A normally functioning nervous system requires normal extracellular potassium ion concentration ([K]o). Throughout the nervous system, several processes, including those of an astrocytic nature, are involved in [K]o regulation. In this study we investigated the effect of astrocytic photostimulation on [K]o. We hypothesized that in vivo photostimulation of eNpHR-expressing astrocytes leads to a decreased [K]o. Using optogenetic and electrophysiological techniques we showed that stimulation of eNpHR-expressing astrocytes resulted in a significantly decreased resting [K]o and evoked K responses. The amplitude of the concomitant spreading depolarization-like events also decreased. Our results imply that astrocytic membrane potential modification could be a potential tool for adjusting the [K]o.

Neocortical in vivo focal and spreading potassium responses and the influence of astrocytic gap junctional coupling.

Raised extracellular potassium ion (K+) concentration is associated with several disorders including migraine, stroke, neurotrauma and epilepsy. K+ spatial buffering is a well-known mechanism for extracellular K+ regulation/distribution. Astrocytic gap junction-mediated buffering is a controversial candidate for K+ spatial buffering.
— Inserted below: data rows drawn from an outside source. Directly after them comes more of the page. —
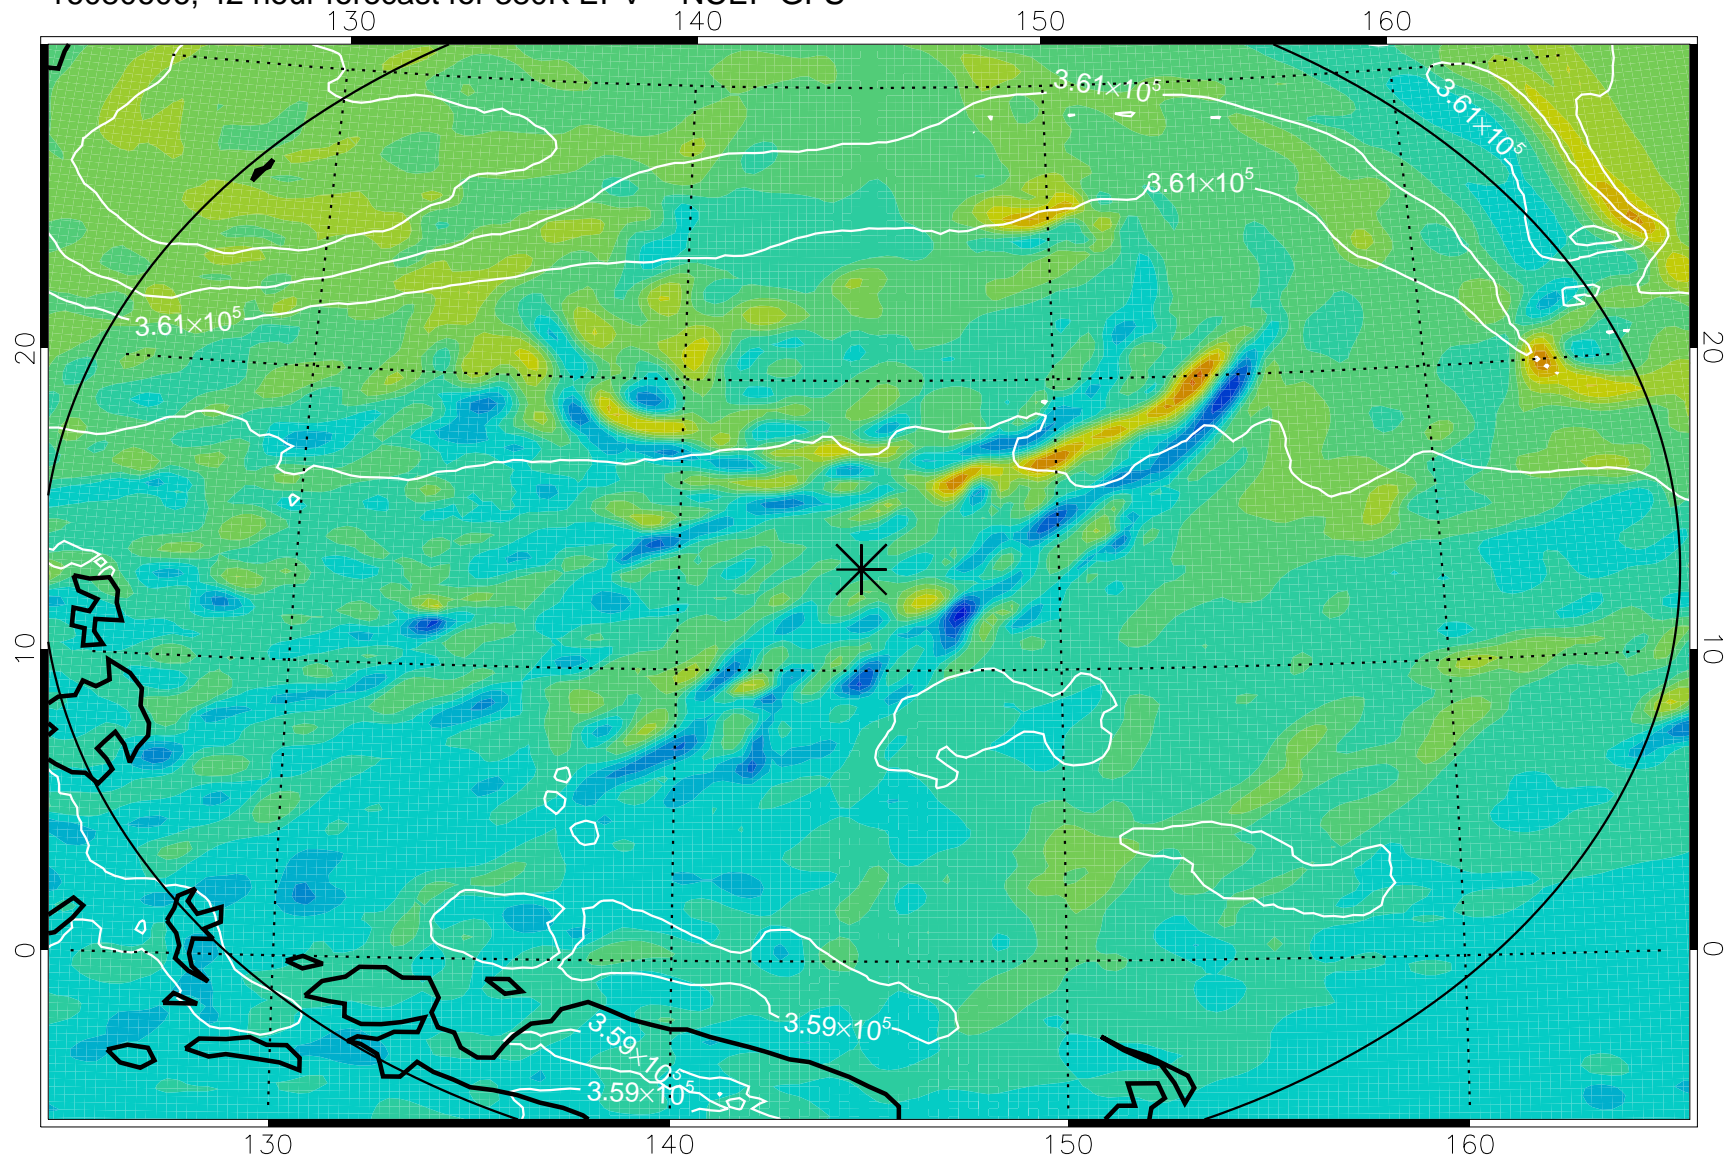

16080506, 18 hour forecast for 380K EPV -- NCEP GFS

380K Montgomery Streamfunction, white

Range ring of 2304 km

16080512, 24 hour forecast for 380K EPV -- NCEP GFS

380K Montgomery Streamfunction, white

Range ring of 2304 km

16080518, 30 hour forecast for 380K EPV -- NCEP GFS

380K Montgomery Streamfunction, white

Range ring of 2304 km

16080600, 36 hour forecast for 380K EPV -- NCEP GFS

380K Montgomery Streamfunction, white

Range ring of 2304 km

16080606, 42 hour forecast for 380K EPV -- NCEP GFS

380K Montgomery Streamfunction, white

Range ring of 2304 km

16080612, 48 hour forecast for 380K EPV -- NCEP GFS

380K Montgomery Streamfunction, white

Range ring of 2304 km

16080618, 54 hour forecast for 380K EPV -- NCEP GFS

380K Montgomery Streamfunction, white

Range ring of 2304 km

16080700, 60 hour forecast for 380K EPV -- NCEP GFS

380K Montgomery Streamfunction, white

Range ring of 2304 km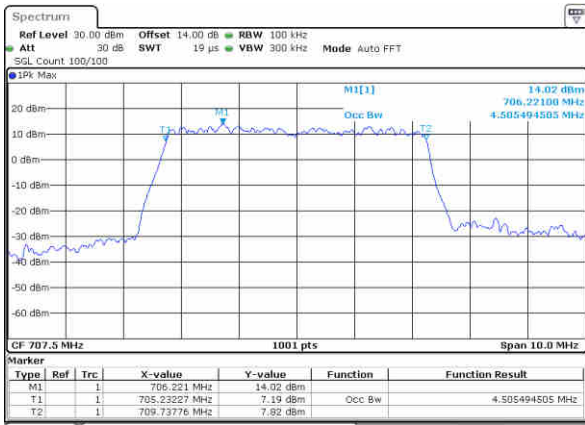

Highest Channel / 3MHz / 16QAM

Date: 29,NOV,2017 18:34:42

LTE Band 12

Lowest Channel / 5MHz / QPSK

Date: 29.NOV.2017 18:41:43

Lowest Channel / 5MHz / 16QAM

Date: 29.NOV.2017 18:41:53

Middle Channel / 5MHz / QPSK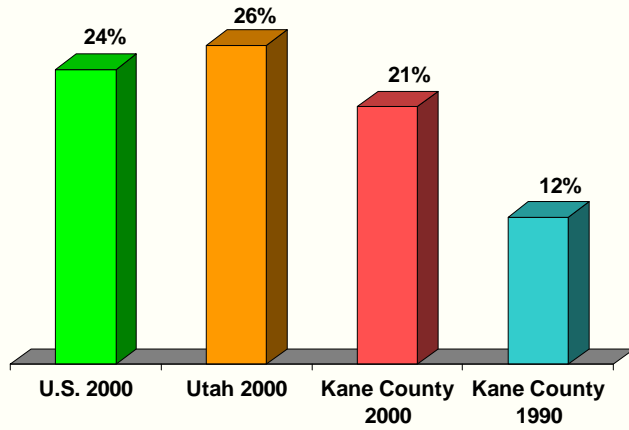

Source: Utah Population Estimates Committee; Utah Governor's Office of Planning and Budget.

2008 Population Age Distribution

Source: U.S. Census Bureau.

Kane County Race/Ethnic Distribution

Source: U.S. Census Bureau.

Adults With at Least a High School Diploma*

* Population 25 years and older.
Source: U.S. Census Bureau.

Adults With at Least a Bachelor's Degree*

* Population 25 years and older.
Source: U.S. Census Bureau.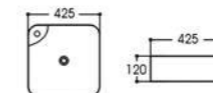

Basin Series

艺术盆系列

PRODUCT INFORMATION
产品资料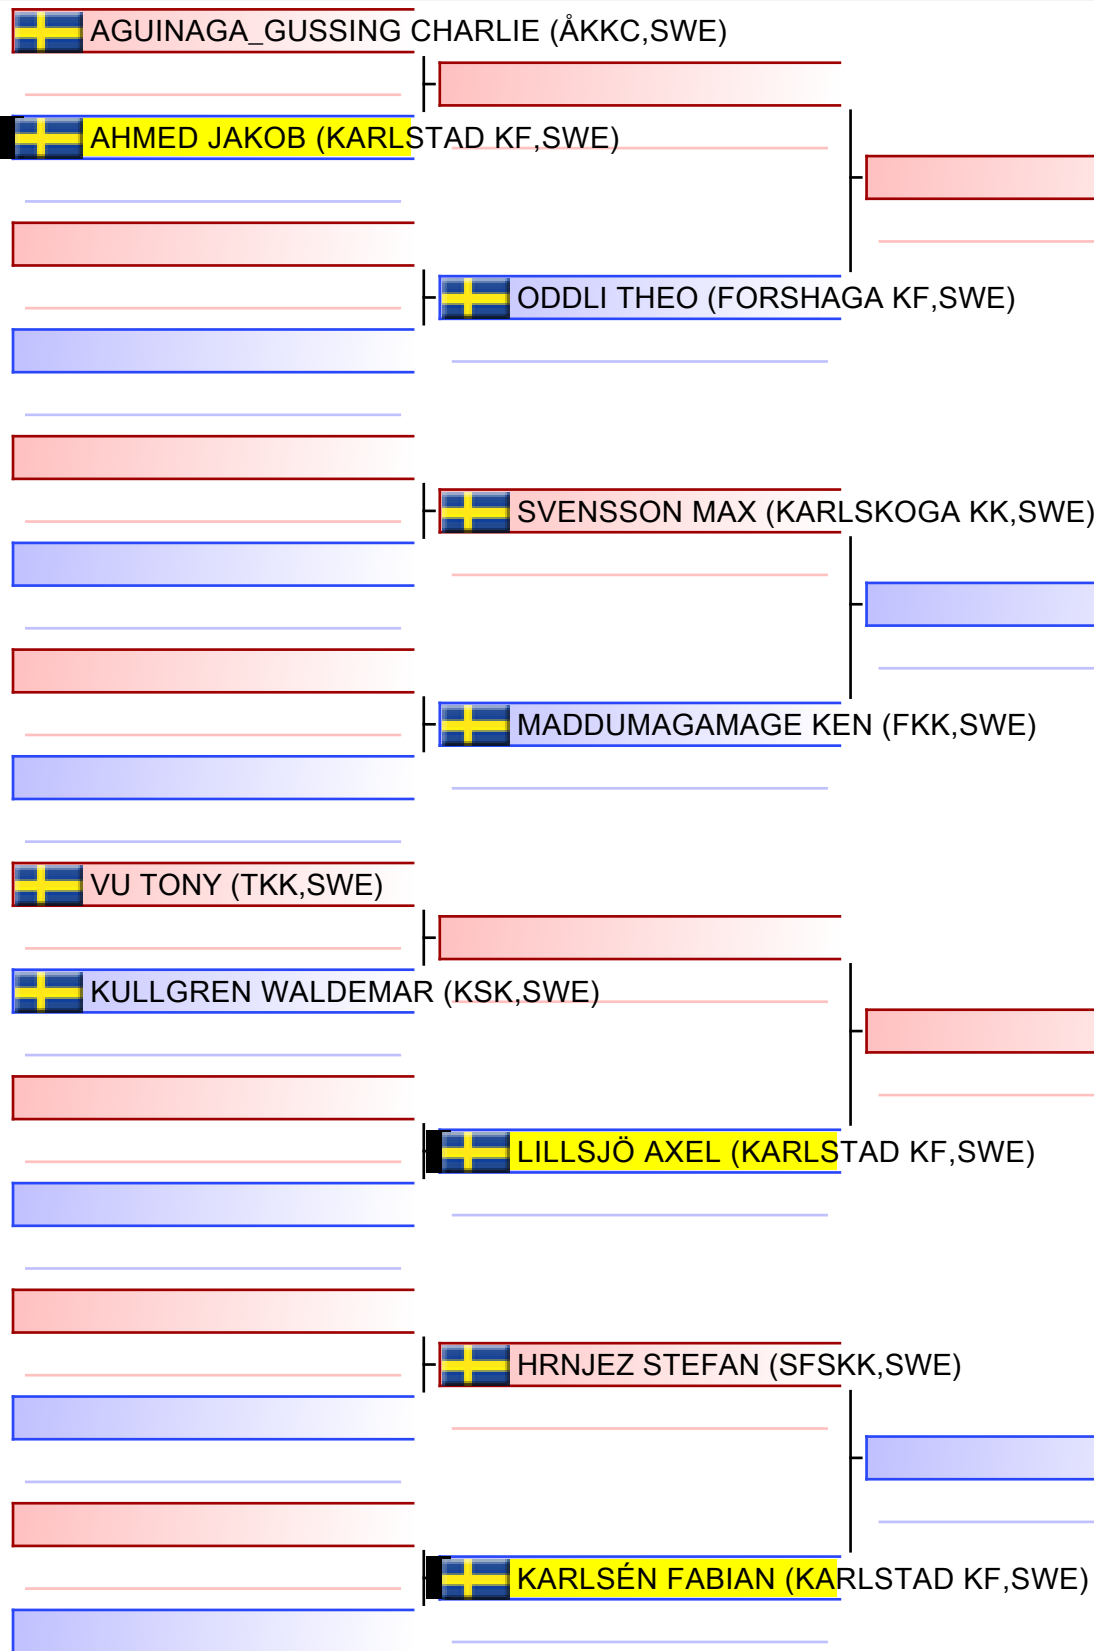

[Original]

Referees: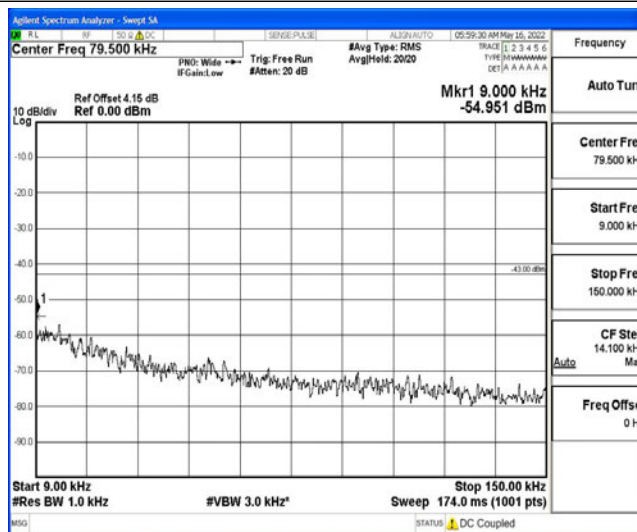

Band2-15MHz-QPSK-18900-1RB#0-Range2:0.15~30MHz

To further investigate the existence of a K+ spatial buffering and to assess the involvement of astrocytic gap junctional coupling in K+ redistribution, we hypothesized that neocortical K+ and concomitant spreading depolarization (SD)-like responses are controlled by powerful local K+ buffering mechanisms and that K+ buffering/redistribution occurs partially through gap junctional coupling. Herein, we show, in vivo, that a threshold amount of focally applied KCl is required to trigger local and/or distal K+ responses, accompanied by a SD-like response. This observation indicates the presence of powerful local K+ buffering which mediates a rapid return of extracellular K+ to the baseline. Application of gap junctional blockers, carbenoxolone and Gap27, partially modulated the amplitude and shape of the K+ response and noticeably decreased the velocity of the spreading K+ and SD-like responses. Opening of gap junctions by trimethylamine, slightly decreased the amplitude of the K+ response and markedly increased the velocity of redistribution of K+ and SD-like events. We conclude that spreading K+ responses reflect powerful local K+ buffering mechanisms which are partially modulated by gap junctional communication. Gap junctional coupling mainly affected the velocity of the K+ and SD-like responses.